MOTION SICKNESS AND A DOSE OF MEDICINE

Posted by Dr. Gwendolyn Galsworth   |  

Chronic information deficits—offices and the production floor are flooded with them, saturated with questions. Those questions divide neatly into two categories: questions we ask and those we do not. And what happens when we don’t ask questions that need answers? Another two-category set forms—we either do nothing and simply stop and wait. Or we make stuff up. We simply make up an answer…something that sounds just about right. When that happens, we can get lucky and our jury-rigged answer works and doesn’t harm. Other times, we make stuff up and it works against us and the company. Accidents happen, material is lost, components or medicines get mixed up, defects occur, delivery times are missed, customers flee. In other words, they trigger motion.

Questions are one of the most obvious and useful ways to recognize the information that is missing from your workplace. But because questions are so common—and answers so vital—some people (including managers, supervisors and leads) can sometimes think that their main job is to answer questions—day in and day out, all the time.
Organizations that are ignorant of the connection between missing answers and motion attempt to cure the situation through supervision, micro-supervision, measuring, SPC, warnings, classroom, and OJT training. But the problem does not go away. The company has motion sickness. And there is only one sure-fire cure for motion-sickness: a) track the motion until it leads you to the information deficit; then b) excise that deficit through solutions that are visual. Imbed the answer into the living landscape of work.

Here’s one easy and elegant way for you to do that (first mentioned in my article in the April 15 issue of the Visual Thinker). Try it out for a week or two on yourself. Then teach it to everyone else, including your mother, and your so-called communication struggles will come to an end. I call it: “The-First-Question-Is-Free Rule.”  You can help a lot of other people and yourself by applying it.

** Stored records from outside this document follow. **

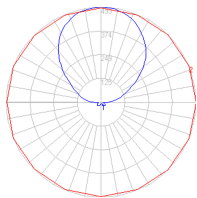

Luminaire weight

2.2 lbs / 1 kg
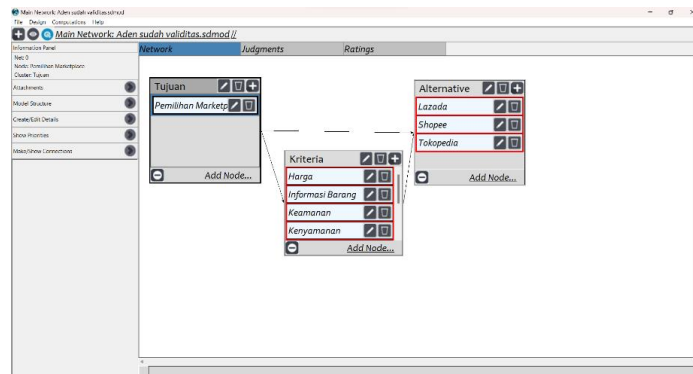

Lampiran 12 Perhitungan *Analytic Network Process (ANP)* Menggunakan *Super Decision*

1. Proses Integrasi Data
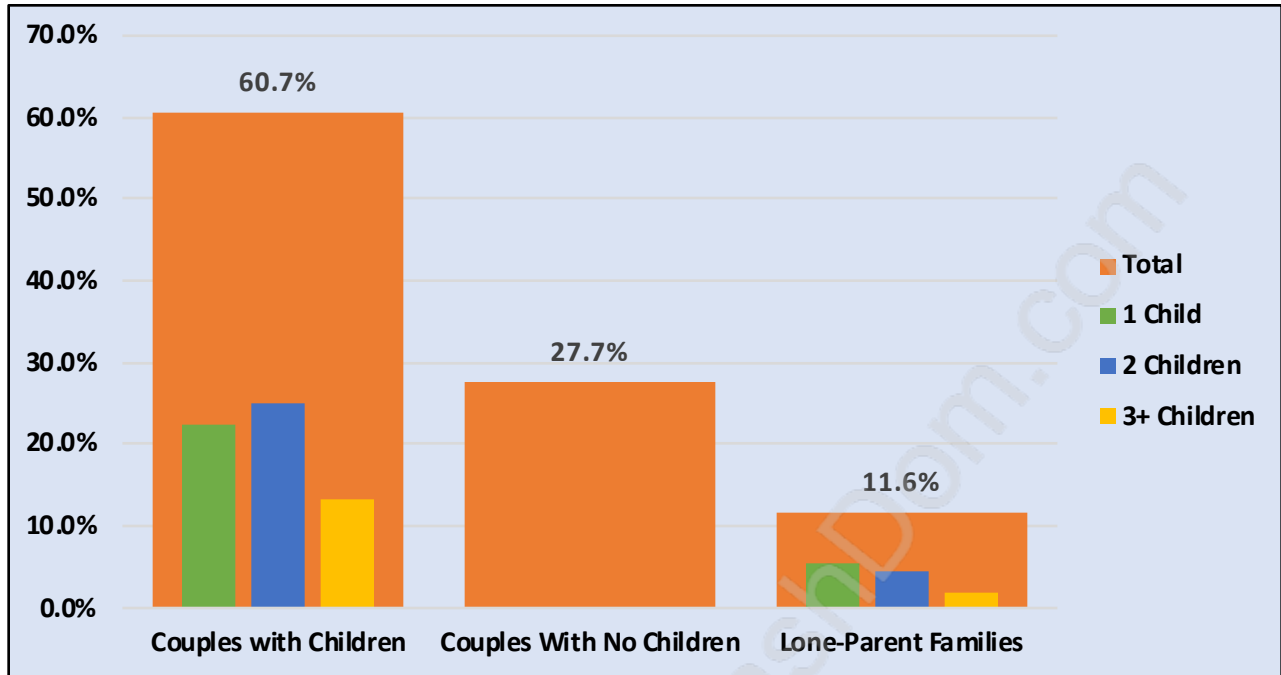

Family Structure in Canterbury

Total Number of Families - 56 / Average Persons per Family - 3.3

Here’s how—in two parts.

Part One:

      1. Get a pocket memo pad like the one you see here (preferably the vertical-flip kind, coil binding across the top).
      2. On the front of the pad, keep track of the number of times you ask a question…tick tick tick tick. (This is your need to know, as in “what do I need to know?”—visuality’s first driving question.)
      3. Flip the pad over, make a mark every time anyone asks you a question…tick tick tick tick. (This is your need to share, as in “what do I need to share?”—visuality’s second driving question.)
        •  These tickmarks serve as a simple metric—so you can measure the number of information deficits related to your job.
      4.  Go a step further and make note in your memo pad of the actual questions you ask and are asked.

Part Two:

      1. Now when someone approaches you with a question, answer it politely, accurately, and completely as you can.
        • For example, Joe may come up to you and ask the same question he asks every day at about this time: “Hey, what am I supposed to be making now?”
        • Answer him politely and clearly; and, as he walks away, note inside your head, “That’s one.”
        • Then wait until you are asked that same question again, either by Joe or anyone else.
        • Again answer the question politely and clearly; and as the person walks away, note inside your head:  “That’s two!
        • The first question is free; and the second time you hear that same question from the same person or anybody else, it’s time for you to create a visual device—so you never ever have to answer that question again and no one has to ask it.

Though The-First-Question-Is-Free-Rule cannot replace a systematic visual conversion methodology, it is a smooth and easy way to verify the level of info deficits in your area (or company)—and therefore the need for workplace visuality. Use it as your company prepares to officially launch its visual workplace initiative—and take a big bite out of motion sickness.